On the other hand, leave of court is required as regards discovery by (a) production or inspection of documents or things in accordance with Rule 27, or (b) physical and mental examination of persons under Rule 28, which may be granted upon due
application and a showing of due cause.

To ensure that availment of the modes of discovery is otherwise untrammeled and efficacious, the law imposes serious sanctions on the party who refuses to make discovery, such as dismissing the action or proceeding or part thereof, or rendering
judgment by default against the disobedient party; contempt of court, or arrest of the party or agent of the party; payment of the amount of reasonable expenses incurred in obtaining a court order to compel discovery; taking the matters inquired into
as established in accordance with the claim of the party seeking discovery; refusal to allow the disobedient party support or oppose designated claims or defenses; striking out pleadings or parts thereof; staying further proceedings. 38

Of course, there are limitations to discovery, even when permitted to be undertaken without leave and without judicial intervention. "As indicated by (the) Rules . . ., limitations inevitably arise when it can be shown that the examination is being
conducted in bad faith or in such a manner as to annoy, embarass, or oppress the person subject to the inquiry. 39 And . . . further limitations come into existence when the inquiry touches upon the
irrelevant or encroaches upon the recognized domains of privilege." 40

In fine, the liberty of a party to make discovery is well nigh unrestricted if the matters inquired into are otherwise relevant and not privileged, and the inquiry is made in good faith and within the bounds of the law.

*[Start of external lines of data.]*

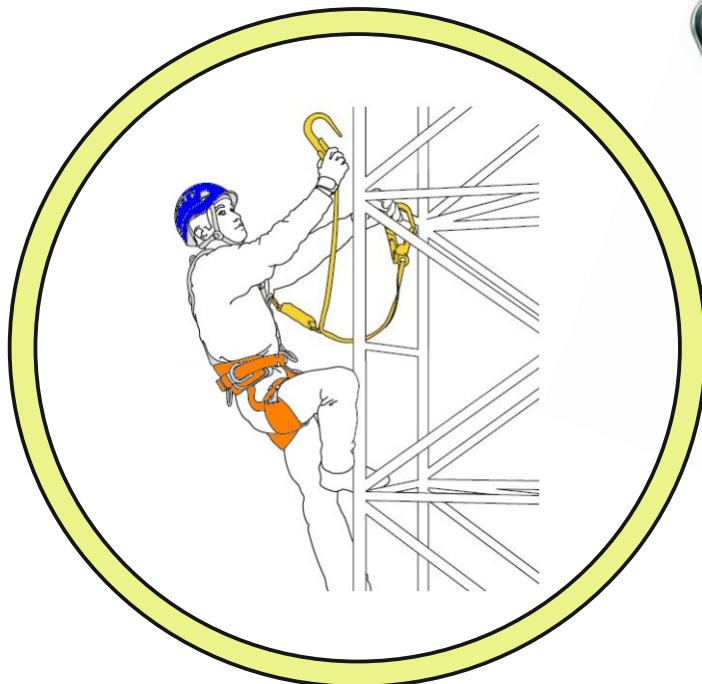

OOPP proti pádu

Sada pro osobní zajištění

Typ sady : **Ocelové konstrukce plus**

Sada obsahuje :

- ◆ Celotělový postroj Rock Empire Skill Uni
- ◆ Tlumič pádu + Y spojovací prostředek + 2ks spojka
- ◆ Ochranná přilba Ocún Pail Industry
- ◆ Karabina ocelová Rock Empire twist lock
- ◆ Pracovní polohování Lanex Prot 3 + kotva C30
- ◆ Pracovní rukavice Rock Empire

It is in light of these broad principles underlying the deposition-discovery mechanism, in relation of course to the particular rules directly involved, that the issues in this case will now be resolved.

The petitioner's objections to the interrogatories served on it in accordance with Rule 25 of the Rules of Court cannot be sustained.

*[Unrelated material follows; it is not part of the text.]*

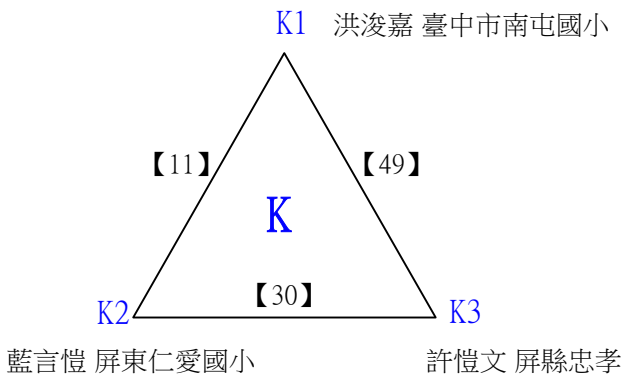

112學年度全國學童盃羽球巡迴賽_第2站

取8名

四年級男生單打C 共53籤

It should initially be pointed out — as regards the private respondents "Motion for Leave to File Interrogatories" dated February 1, 1988 41
— that it was correct for them to seek leave to serve interrogatories,
because discovery was being availed of before an answer had been served. In such a situation, i.e., "after jurisdiction has been obtained over any defendant
or over property subject of the action" but before answer, Section 1 of Rule 24 (treating of depositions), in relation to Section 1 of Rule 25 (dealing with
interrogatories to parties) explicitly requires "leave of court." 42 But there was no need for the private respondents to seek such leave to serve their
"Amended Interrogatories to Plaintiff" (dated August 2, 1989 43) after they had filed their answer to the PCGG's complaint, just as there was no need for the
Sandiganbayan to act thereon.

1. The petitioner's first contention — that the interrogatories in question are defective because they (a) do not name the particular individuals to whom they
are propounded, being addressed only to the PCGG, and (b) are "fundamentally the same matters . . (private respondents) sought to be clarified through
their aborted Motion . . for Bill of Particulars" — are untenable and quickly disposed of.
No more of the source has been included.